In other words, Death.
This was a conference about Advance Care Planning – ie, do you want your corpse reanimated and fed lime jelly through a tube, or not? In short, a whole roomful of people talking about what they’d like to be done to them, and not done to them, as they approach their final hour. One craggy-browed participant, over coffee, stares around belligerently and declares,
I believe in personal freedom over my own body!
Well that’s interesting. How about personal freedom to take hard drugs, not wear a motorbike helmet, that kind of thing?
Yes, absolutely, it’s outrageous that anyone can tell me I’m not allowed to smoke dope.
Everyone nods (me too). Teenagers in the sixties, I guess.
And another thing, why should anyone be punished for looking at pictures! If I wanted to look at pictures of nude children..not that I do of course…anyway I suppose they’re nude, I wouldn’t know…..who would I be hurting? No one. Those pictures’d be there on the internet if I wanted to look at them or not!
Short pause for reflection.
Where there’s a buyer there’s a seller. There are some markets you don’t want to enter.

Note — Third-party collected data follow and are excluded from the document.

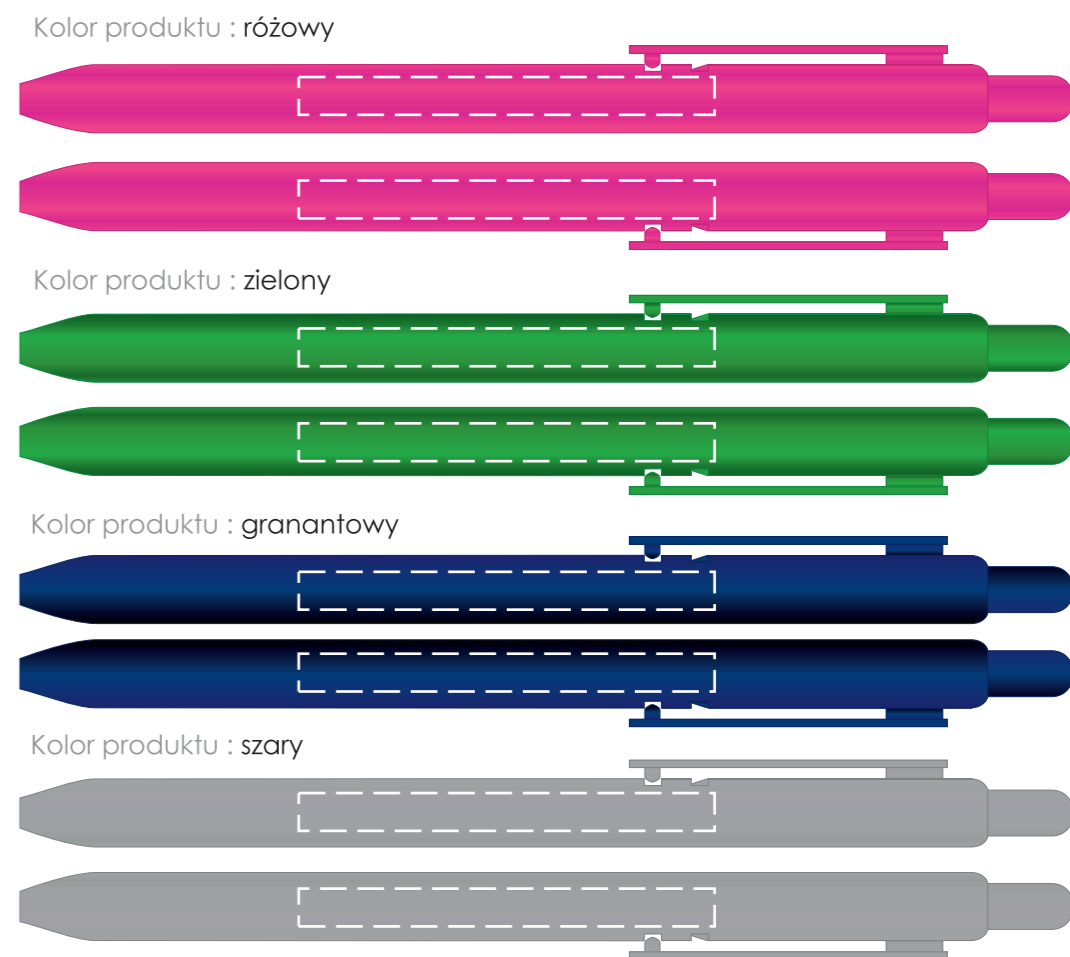

TAMPONDRUK
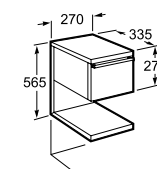

Hall

Szafka pod umywalkę 65, 55, 52, 45 cm z drzwiczkami 66x56,5x33,5 cm

NR REF.
A8564316XX

Szafka pod umywalkę 55, 52, 45 cm z szufladą 54x56,5x33,5 cm

NR REF.
A8564326XX

Szafka wisząca z półką 27x56,5x33,5 cm drzwiczki prawe
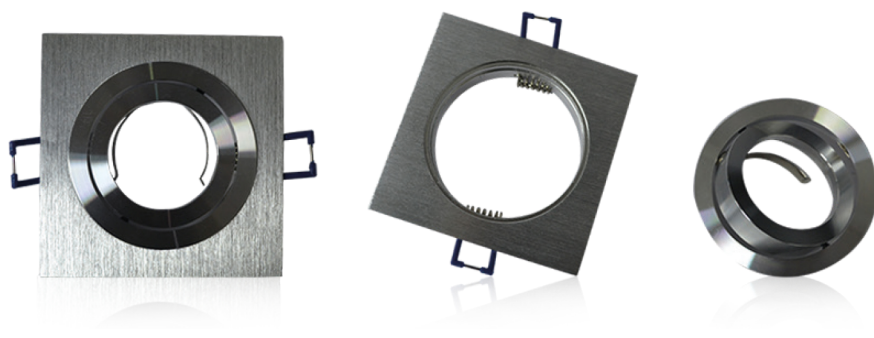

SUPPORT PLAFOND - CARRÉ - 92x92mm

REF : 7713

Ref. 7713

Produit : Support plafond

Orientable : Oui

Dimensions (L x l) : 92 x 92 mm

Dimensions de perçage : Ø75 mm

Fixation plafond : Ailettes sur ressorts

Fixation ampoule : Étrier de fixation

Finition : Alu Brossé

Emballage : Boite

EAN : 3760173778812

Paramètres Electriques

Angle inclinaison : 30°

Matériaux utilisés : Aluminium

Indice de protection IP : IP20

Poids Net : 0,083 Kg

Dimensions
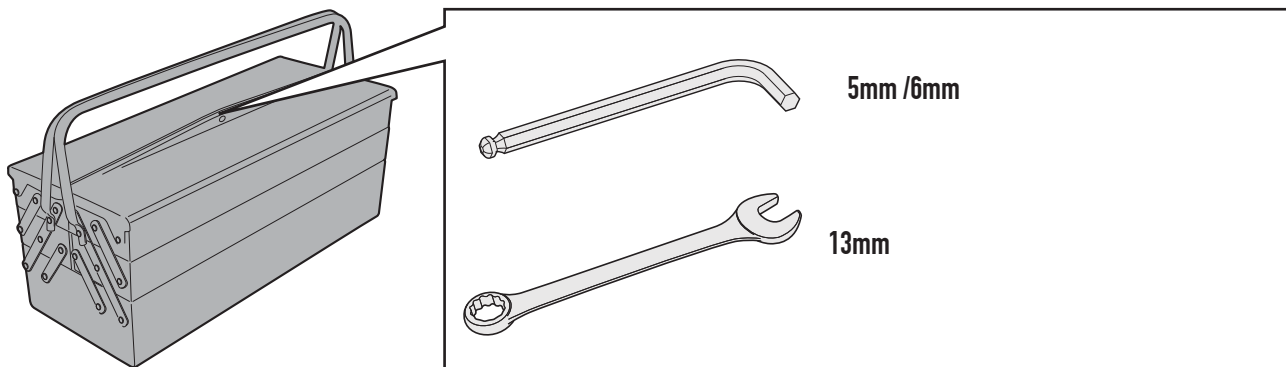

TE2140 - TE2140K

TELAIETTO LATERALE SPECIFICO - SPECIFIC SADDLEBAG TUBULAR HOLDER - SUPPORT TUBULAIRE POUR SACOCHES CAVALIÈRES - SPEZIAL SEITENTRAEGER FUER WEICHTASCHEN
PORTA ALFORJAS TUBULAR LATERAL - SUPORTE LATERAL DE ALFORGES

YAMAHA MT-07 (2018)

N°	Descrizione	Caratteristiche	Codice	Quantità
1	Telaio laterale - Side frame - Châssis latéral - Soporte lateral - Seitenrahmen - Suporte lateral	-	TE2140DXV TE2140SXV	2 (Right;Left)
2	Vite - Screw Vis - Schraube Tornillo - Parafuso	TBEI M8x55	855TBEI	2
3	Rondella - Washer - Rondelle Scheibe - Arandela - Arruela	Ø 8mm	814RON	2
4	Rondella - Washer - Rondelle Scheibe - Arandela - Arruela	Ø 8mm	8RON	2
5	Dado - Bolt - Ecrou Mutter - Tuerca - Porca	-	V423	2
6	Dado - Bolt - Ecrou Mutter - Tuerca - Porca	Dado Autobloccante Flangiato Alto M8	8DADIAFLN	2
7	Componenti Originali - Original Parts Parties Originales - Original Bauteile Componentes Originales - Componentes Originais	-	-	-
8	Particolari Inclusi nel 2140FZ Components Included In The 2140FZ Pièces Inclues Dans 2140FZ Die Einzelnen Teile Sind Bei 2140FZ Despieces Incluidos 2140FZ Componentes incluidos na 2140FZ	-	-	-
9	Particolari Inclusi nel 2140KIT Components Included In The 2140KIT Pièces Inclues Dans 2140KIT Die Einzelnen Teile Sind Bei 2140KIT Despieces Incluidos 2140KIT Componentes incluidos na 2140KIT	-	-	-

TE2140 - TE2140K

TELAIETTO LATERALE SPECIFICO - SPECIFIC SADDLEBAG TUBULAR HOLDER - SUPPORT TUBULAIRE POUR SACOCHES CAVALIÈRES - SPEZIAL SEITENTRAEGER FUER WEICHTASCHEN

PORTA ALFORJAS TUBULAR LATERAL - SUPORTE LATERAL DE ALFORGES

YAMAHA MT-07 (2018)
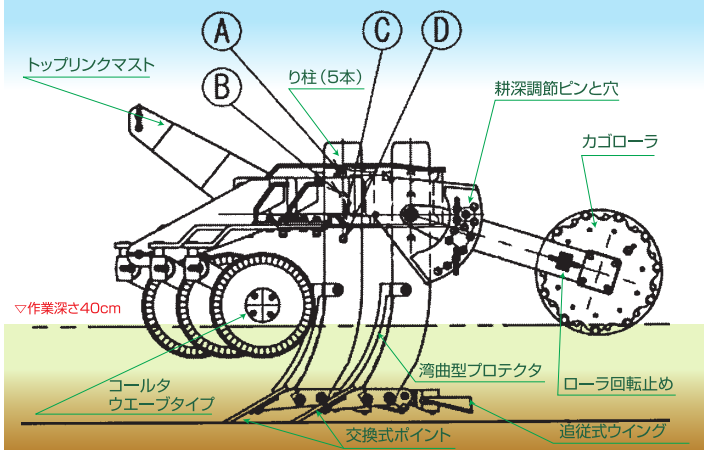

### 大型ウェーブコールタ

20インチウェーブコールタは、り柱に先行して深く溝開けするため、けん引抵抗を低減することができます。また、自重の重さと相まって、麦後の夾雑物を浮かされることなく切断できます。また、り柱間にもコールタを配置し、マット状の牧草地でもめくれ上がり最小にできるなど優れた効果があります。このことは簡易耕の目的を容易にし、碎土し易くする効果があり、整地、播種作業がより楽になります。

### 公道走行対応部品

制限標識  
外側表示板  
赤白灯火器

農耕用トラクターについて「道路運送車両法」に基づく保安基準に緩和措置が設けられ、必要な対応を行うことで、「直送タイプの作業機」と「けん引タイプの作業機」を装着したトラクターが道路を走行できるようになりました。全てのダブルソイラの型式で公道走行対応部品が標準装備になります。

※2022年度生産機より左に記載の【公道走行対応部品】が装備された状態での販売になります。

### 機体構造と主な名称

注:り柱穴は◎を標準位置とする。図の構造は、TSR4WV、TSR5WV。

▽作業深さ40cm

### ダブルソイラ主要諸元

品名		ダブルソイラ		
型式		TSR4WV	TSR5WV	TSR6WV
規格		4本爪	5本爪	6本爪
適応トラクタkw (PS)		73.6~132 (100~180)	88.3~147 (120~200)	103~184 (140~250)
装置方法		3点直装		
リンク形式		JIS D6703 2形		
機体寸法 (cm)	全長	226	223	248
	全巾	268	322	370
	全高	152	152	183
質量 kg		900	1300	1450
ウイング		追従式		
り柱型式		湾曲型		
安全装置		-		
作業性能	作業巾 m	2.4m	3m	3.5m
	り柱間隔 cm		60	
	作業深 cm		40	
	作業速度 km/h		2~4	
	ウエーブコールタ(インチ)		20	
り柱プロテクタ		○		
セパレートポイント		○		
カゴローラ		○		
弾丸		直径120mm		
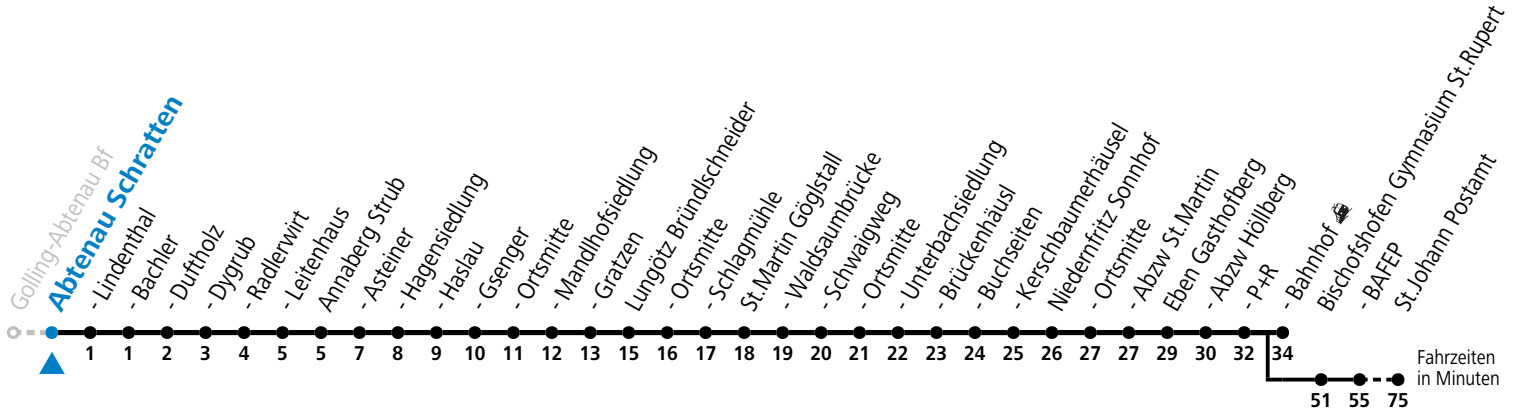

gültig ab 15.12.2024.

Fahrzeiten in Minuten
Alle Angaben ohne Gewähr.

Montag - Freitag		Samstag		Sonn- und Feiertag	
5	39				
6	14^S_a	6	39		
7	06 41				
8	41	8	41	8	41
9	41				
10	41	10	41	10	41
11	41				
12	41	12	41	12	41
13	41				
14	41	14	41	14	41
15	41				
16	43	16	41	16	41
17	43				
18	43	18	39	18	39
19	39				
20	39	20	39	20	39

S = nur Montag bis Freitag, wenn Schultag in Salzburg

a = verkehrt ab Eben i.P. P+R weiter als Schülerbus zu den Schulen nach St. Rupert, Bischofshofen und St. Johann im Pongau

Am 24.12. und 31.12. (sofern nicht Sonntag) gilt der Samstag-Fahrplan

Ferien im Bundesland Salzburg: 23.12.2024 bis 06.01.2025, 10. bis 16.02., 12.04. bis 21.04., 05.07. bis 07.09., 24.09. und 26.10. bis 02.11.2025 (Vorbehaltlich Änderungen durch die Schulbehörde)
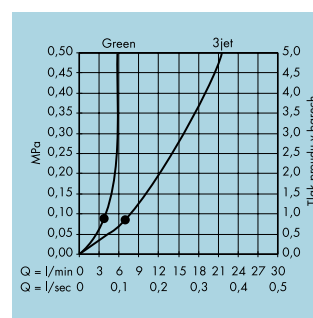

Crometta® 85 Vario/
Unica® Crometta® sada
se sprchovou hadicí Metaflex 1,60 m

Green Water

EcoSmart – šetří vodou bez ztráty komfortu

Ochrana životního prostředí a klimatu jsou již dlouhou dobu součástí filozofie podnikání firmy Hansgrohe. Vedle ekologicky přijatelné produkce a šetření zdrojů se zaměřujeme především na téma šetření vodou. Zde to znamená vývoj takových sprch, které při redukované spotřebě vody vytváří objemný, dobře skrápějící proud vody. Speciálně vyvinutá vodu šetřící sprcha Crometta 85 Green urychluje vytékání vody cíleným přimíšením vzduchu. Tak navzdory malé spotřebě vody – pouhých 6 litrů za minutu – vzniká osvěžující sprchový proud s citelně velkým objemem.

Crometta® 85 Green
Ruční sprcha s normálním proudem šetřícím vodu- 6 l/min.

Nasávání vzduchu

Vzduch je nasáván otvorem ve středu tvarovacího kotouče a ve sprchové hlavě promíchán s vodou. Tak je jeden díl vody nahrazen vzduchem a zároveň zrychlen.

Intenzita proudu bez vzduchu

Obvyklý sprchový proud vody bez vzduchu je výrazně slabší a tím také méně účinný.

Spotřeba vody

S funkcí EcoSmart můžete ušetřit až 60% vody, aniž by došlo ke ztrátě komfortu.

Intenzita proudu se vzduchem

Proud vody urychlený vzduchem nezískává pouze na intenzitě, ale také na rozptí.

Sprchový program Crometta® 85

Ruční sprchy

Ø 85 mm

Crometta® 85 Multi
Ruční sprcha s normálním, masážním a jemným proudem
28563, -000
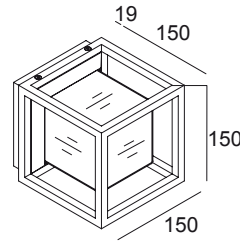

## MONTUR S LED HW B

232 112 82 B

ERHÄLTlich IN  
**SCHWARZ** 232 112 82 B

 [Auf der Website anzeigen](#)

### Allgemeine Information

<b>ANWENDUNGSBEREICH</b>	innen-aussenbereich
<b>INSTALLATION</b>	Decke Aufbau, Wand Aufbau
<b>SCHUTZ GEGEN EINDRINGEN</b>	IP65
<b>SCHUTZ GEGEN MECHANISCHE EINWIRKUNGEN</b>	IK07
<b>GEWICHT (KG)</b>	2,3
<b>VERSTELLBARKEIT</b>	nicht verstellbar
<b>INFORMATION</b>	INCL.GLASS OPAL INCL.LED POWER SUPPLY 350mA-DC
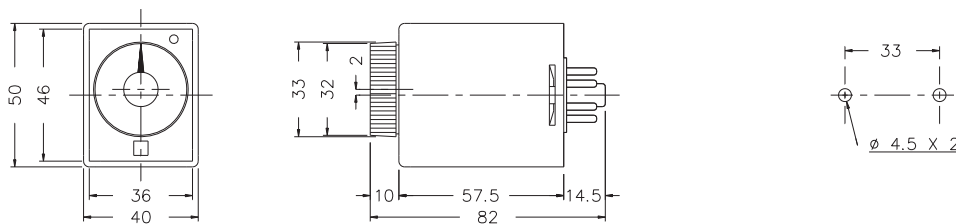

型式分類：

型號	ATS
時間範圍	3, 6, 10, 30, 60 sec 3, 6 min

接線圖：

時序圖：

外形尺寸：(mm)

N型(露出型)：使用 PF085A座及FH-3

Y型(埋入型)：使用 Y-40及US-08座或Y-40及P3G-08座

公差: ±0.1
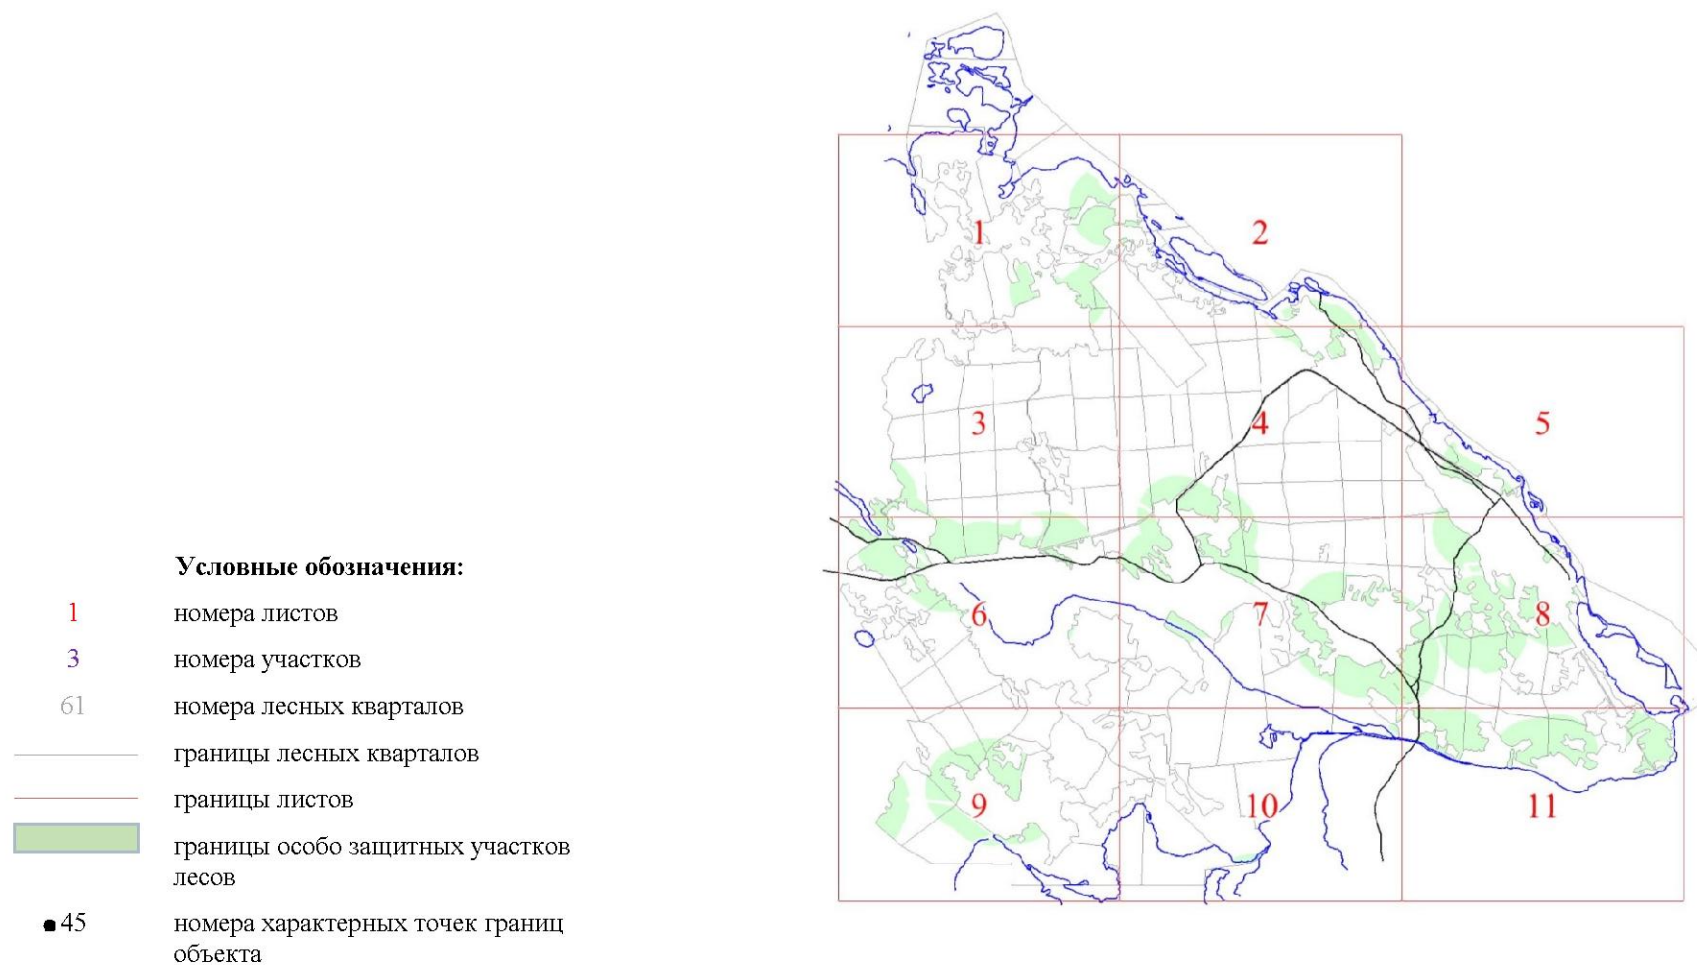

**Графическое описание местоположения границ земель,
на которых располагаются особо защитные участки лесов
«участки лесов вокруг сельских населенных пунктов и садовых товариществ»,
на территории Житковского участкового лесничества
Рощинского лесничества
Ленинградской области**

Приложение № 177 к приказу Рослесхоза

от 27.02.2023

№ 157

Yes, well, getting back to death……Because it’s certainly more comfortable to talk about death than it is about kiddie porn!
I’m very worried about all this advance planning, says a Vietnamese woman. If I have a Plan, maybe the doctors will think they can get away with not doing EVERYTHING they possibly can to keep me alive.
You can put anything you like in your Plan, someone points out. You can put ‘Don’t pull the plug on me until my head falls off’, if you want.
Anyway, put what you like, if your son the stockbroker who lives in New York but has flown back just in time to ask you where you put the will, says he wants you on that breathing machine, then on it you will be. Dead men don’t sue. Much.
That’s Love, says the Vietnamese woman. If it’s Love, then it’s ok.
Sigh. I bet Nelson wishes he had a little less love and a little more consideration. And here is a scary ad that ran in Australia a long time ago. Wrong, luckily.
But I'm Beootiful!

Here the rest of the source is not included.